The only thing that the two bodies have set their faces against is payment on the basis of cluster days, an approach that is seen to be unnecessarily granular and to ‘not best incentivise early intervention and recovery-focused care’.

Instead the two bodies think the sector is capable of using year of care or episodic payment. As the annex to the letter sets out: ‘This would mean payment was linked to the mental health clusters and would cover care provided to someone in any given cluster for the duration of the payment period’.

The proposed capitated payment approach would also involve the use of cluster data in establishing the unit price (per person per year).

Finance practitioners have suggested that the continued role for clusters should be better emphasised. Clusters are not perfect and do not yet have complete support across clinical and managerial communities. But they have brought significant benefits for those who have made most progress in adopting them.

Often this has been through establishing the packages of care that are delivered for service users in each cluster. Trusts say that this process has, more than any other initiative, helped them to understand the services they are delivering and the variation even within the same organisation. This has informed discussions with commissioners and helped to establish more standardisation and best practice across all points of delivery.

The potential for comparison across different bodies is also significant if people are talking the same language and using the same definitions.

Some organisations have moved beyond clusters. For example, Oxfordshire has developed an outcome-based capitation approach – highlighted in a Monitor local payment example earlier this year – that segments its population slightly differently. However, two of its segments map to the overarching super clusters.

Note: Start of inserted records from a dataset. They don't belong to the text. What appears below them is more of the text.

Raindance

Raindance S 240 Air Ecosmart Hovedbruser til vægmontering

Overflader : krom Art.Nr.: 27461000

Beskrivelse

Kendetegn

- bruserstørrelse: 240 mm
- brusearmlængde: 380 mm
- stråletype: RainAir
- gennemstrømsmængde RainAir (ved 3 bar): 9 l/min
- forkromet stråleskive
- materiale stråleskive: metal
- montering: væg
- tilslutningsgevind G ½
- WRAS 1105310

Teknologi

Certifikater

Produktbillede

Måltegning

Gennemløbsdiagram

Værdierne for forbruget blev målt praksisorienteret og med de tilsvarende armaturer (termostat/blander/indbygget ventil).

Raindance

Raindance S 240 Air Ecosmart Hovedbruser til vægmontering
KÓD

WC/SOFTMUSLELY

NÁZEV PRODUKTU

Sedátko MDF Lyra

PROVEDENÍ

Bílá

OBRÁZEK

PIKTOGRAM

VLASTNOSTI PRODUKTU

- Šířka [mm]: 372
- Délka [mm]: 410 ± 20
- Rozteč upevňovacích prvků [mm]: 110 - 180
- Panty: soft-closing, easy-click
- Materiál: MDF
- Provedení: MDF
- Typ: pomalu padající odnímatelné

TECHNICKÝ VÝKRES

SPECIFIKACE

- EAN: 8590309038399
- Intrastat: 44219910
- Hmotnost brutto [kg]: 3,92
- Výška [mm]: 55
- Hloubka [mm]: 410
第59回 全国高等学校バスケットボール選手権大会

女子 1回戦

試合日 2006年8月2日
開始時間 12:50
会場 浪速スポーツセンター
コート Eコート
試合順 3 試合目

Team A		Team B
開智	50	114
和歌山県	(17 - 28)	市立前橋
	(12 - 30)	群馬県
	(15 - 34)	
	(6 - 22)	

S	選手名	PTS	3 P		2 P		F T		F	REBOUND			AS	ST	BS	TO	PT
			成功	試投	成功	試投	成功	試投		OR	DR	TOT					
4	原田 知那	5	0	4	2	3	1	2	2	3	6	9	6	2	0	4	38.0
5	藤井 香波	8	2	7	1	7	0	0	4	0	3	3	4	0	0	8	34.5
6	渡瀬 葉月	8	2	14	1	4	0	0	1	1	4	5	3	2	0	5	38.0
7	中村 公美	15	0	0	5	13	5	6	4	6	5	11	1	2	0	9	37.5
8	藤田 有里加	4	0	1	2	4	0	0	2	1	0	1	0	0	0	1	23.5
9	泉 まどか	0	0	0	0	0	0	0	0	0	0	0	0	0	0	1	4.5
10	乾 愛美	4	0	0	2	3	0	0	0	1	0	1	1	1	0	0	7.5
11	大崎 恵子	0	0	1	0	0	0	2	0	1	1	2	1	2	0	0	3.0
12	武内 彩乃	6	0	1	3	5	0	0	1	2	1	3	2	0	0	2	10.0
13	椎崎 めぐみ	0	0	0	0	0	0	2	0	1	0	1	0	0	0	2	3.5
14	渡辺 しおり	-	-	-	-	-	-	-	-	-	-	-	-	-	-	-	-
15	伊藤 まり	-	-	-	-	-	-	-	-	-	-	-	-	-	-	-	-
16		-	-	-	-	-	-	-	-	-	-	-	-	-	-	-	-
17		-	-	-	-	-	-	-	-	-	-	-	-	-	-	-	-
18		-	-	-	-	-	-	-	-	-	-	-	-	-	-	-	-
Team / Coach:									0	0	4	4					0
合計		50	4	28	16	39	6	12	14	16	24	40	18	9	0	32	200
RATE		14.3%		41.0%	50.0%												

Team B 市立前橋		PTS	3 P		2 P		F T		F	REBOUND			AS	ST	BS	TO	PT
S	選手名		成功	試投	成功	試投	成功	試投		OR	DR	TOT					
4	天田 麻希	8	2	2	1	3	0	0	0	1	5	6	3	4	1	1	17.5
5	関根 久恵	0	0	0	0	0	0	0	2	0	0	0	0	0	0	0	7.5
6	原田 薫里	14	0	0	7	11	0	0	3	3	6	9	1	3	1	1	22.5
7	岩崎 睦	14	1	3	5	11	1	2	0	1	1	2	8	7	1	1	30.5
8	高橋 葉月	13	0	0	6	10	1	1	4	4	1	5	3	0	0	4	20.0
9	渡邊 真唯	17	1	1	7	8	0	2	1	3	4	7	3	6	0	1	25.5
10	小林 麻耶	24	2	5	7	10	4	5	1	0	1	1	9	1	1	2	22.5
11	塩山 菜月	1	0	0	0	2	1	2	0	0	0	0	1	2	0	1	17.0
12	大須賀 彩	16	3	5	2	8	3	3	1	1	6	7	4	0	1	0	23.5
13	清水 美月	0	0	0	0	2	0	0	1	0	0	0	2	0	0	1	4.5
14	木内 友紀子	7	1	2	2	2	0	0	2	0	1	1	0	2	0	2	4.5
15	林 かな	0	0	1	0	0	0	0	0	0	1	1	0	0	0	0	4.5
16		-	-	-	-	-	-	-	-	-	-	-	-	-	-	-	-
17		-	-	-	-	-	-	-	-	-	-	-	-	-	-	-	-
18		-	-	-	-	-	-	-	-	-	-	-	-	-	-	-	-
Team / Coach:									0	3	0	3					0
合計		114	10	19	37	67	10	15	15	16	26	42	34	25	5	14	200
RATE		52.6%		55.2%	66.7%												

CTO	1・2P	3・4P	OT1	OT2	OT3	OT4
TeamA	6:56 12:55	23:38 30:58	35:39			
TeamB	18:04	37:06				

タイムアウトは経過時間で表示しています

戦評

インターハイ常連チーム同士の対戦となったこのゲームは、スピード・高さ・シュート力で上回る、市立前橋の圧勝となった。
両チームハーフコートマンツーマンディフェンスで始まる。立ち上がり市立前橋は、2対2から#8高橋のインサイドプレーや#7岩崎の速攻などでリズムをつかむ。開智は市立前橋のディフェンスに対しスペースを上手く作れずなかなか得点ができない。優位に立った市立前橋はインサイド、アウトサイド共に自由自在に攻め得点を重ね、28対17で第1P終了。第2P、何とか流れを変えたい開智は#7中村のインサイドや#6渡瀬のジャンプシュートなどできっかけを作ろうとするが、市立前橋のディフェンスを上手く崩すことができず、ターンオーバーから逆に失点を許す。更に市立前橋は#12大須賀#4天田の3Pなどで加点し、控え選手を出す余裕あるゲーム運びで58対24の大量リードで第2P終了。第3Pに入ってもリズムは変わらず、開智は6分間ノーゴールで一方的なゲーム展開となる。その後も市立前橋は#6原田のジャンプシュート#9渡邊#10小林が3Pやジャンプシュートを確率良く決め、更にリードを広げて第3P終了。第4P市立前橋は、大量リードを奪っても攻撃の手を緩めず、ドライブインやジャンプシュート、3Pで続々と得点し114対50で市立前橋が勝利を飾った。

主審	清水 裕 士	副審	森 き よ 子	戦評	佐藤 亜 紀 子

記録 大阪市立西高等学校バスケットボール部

The point is that clusters still have an important role, and the Monitor/NHS England letter could probably make this clearer.

The two bodies’ clearly stated ambition is to fast-track the demise of block contracts. In practice, this is a big ask.

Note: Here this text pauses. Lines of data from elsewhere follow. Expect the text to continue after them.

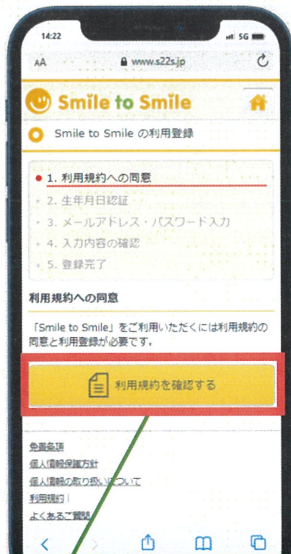

Smile to Smile 初回ログイン手順

手順①

ログイン IDとパスワードを入力して [ログイン] をタップ

手順②

[利用規約を確認する] をタップ

手順③

利用規約を一読して [利用規約を閉じる] をタップ

手順④

[同意して次に進む] をタップ

手順⑤

生年月日を入力して [次へ進む] をタップ

手順⑥

メールアドレス（省略可）、パスワードを入力して [次へ進む] をタップ
※新しいパスワードはメモ等で残しておくとも便利です。

手順⑦

内容を確認して [次へ進む] をタップ、登録完了画面が表示される

手順⑧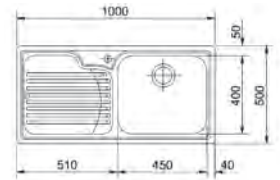

SMART

15
ANI
GARANȚIE

Bază 60
Dimensiuni 1000x500
Decupaj 980x480
Margine Slim
Cuvă 450x400x205mm
Notă Sistem imobilizare baterie inclus

Inox
lucios

GAX 611
101.0022.564 dr
101.0022.565 st
€ 256,00

Chiuvețe Inox

SMART

15
ANI
GARANȚIE

Bază 45
Dimensiuni 860x500
Decupaj 840x480
Margine Slim
Cuvă 340x400x197,5mm

Inox
lucios

SRX 611-86
101.0356.758 dr
101.0356.759 st
€ 229,00

SMART

15
ANI
GARANȚIE

Bază 60
Dimensiuni 860x500
Decupaj 840x480
Margine Slim
Cuvă 450x400x197,5mm

Inox
lucios

SRX 611-86 LB
101.0356.849 dr
101.0356.850 st
€ 251,00

Chiuvețele ambalate în cutie de carton sunt livrate împreună cu kitul de scurgere și sifon.
Simbolul dr indica faptul că picurătorul este pe dreapta, iar st picurătorul este pe stânga.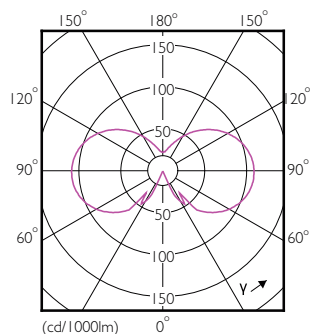

Order Code	Full Product Name	Fluxo luminoso (Nom.)	Fluxo luminoso (nominal) (Nom.)
70645900	CLA LEDLuster ND 2.2-25W P45 E27 FR	250 lm	250 lm
70647300	CLA LEDLuster ND 4.3-40W E27 827 P45 FR	470 lm	470 lm
70649700	CLA LEDCandle ND 2.2-25W BA35 E14 FR	250 lm	250 lm

Dados mecânicos e de revestimento

Order Code	Full Product Name	Forma da lâmpada
70637400	CLA LEDCandle ND 2.2-25W B35 E14 FR	B35
70639800	CLA LEDCandle ND 4.3-40W E14 827 B35 FR	B35
70641100	CLA LEDLuster ND 2.2-25W P45 E14 FR	P45
70643500	CLA LEDLuster ND 4.3-40W E14 827 P45 FR	P45

Order Code	Full Product Name	Forma da lâmpada
70645900	CLA LEDLuster ND 2.2-25W P45 E27 FR	P45
70647300	CLA LEDLuster ND 4.3-40W E27 827 P45 FR	P45
70649700	CLA LEDCandle ND 2.2-25W BA35 E14 FR	BA35

Temperatura

Order Code	Full Product Name	Máxima na caixa em T (Nom)
70637400	CLA LEDCandle ND 2.2-25W B35 E14 FR	36 °C
70639800	CLA LEDCandle ND 4.3-40W E14 827 B35 FR	55 °C
70641100	CLA LEDLuster ND 2.2-25W P45 E14 FR	36 °C
70643500	CLA LEDLuster ND 4.3-40W E14 827 P45 FR	55 °C
70645900	CLA LEDLuster ND 2.2-25W P45 E27 FR	36 °C
70647300	CLA LEDLuster ND 4.3-40W E27 827 P45 FR	55 °C
70649700	CLA LEDCandle ND 2.2-25W BA35 E14 FR	36 °C

Block contracts are still widespread in mental health, with only lip service often paid to the ‘required’ use of the new currency through some form of cluster shadowing.

Payment that takes little account of demand, activity and desired service developments seems to offer few benefits and is an obstacle to real discussions about the services that commissioners want and the financial implications of delivering them. But moving beyond this, particularly in such a difficult financial environment, will require complete buy-in from providers and, crucially, commissioners.

More sophisticated – and more transparent – contracting, with good risk sharing, makes sense.

The mental health community has been looking to put block contracts behind it for years. The Monitor and NHS England proposals – backed by promised further support and guidance – may offer a pragmatic step towards actually realising this.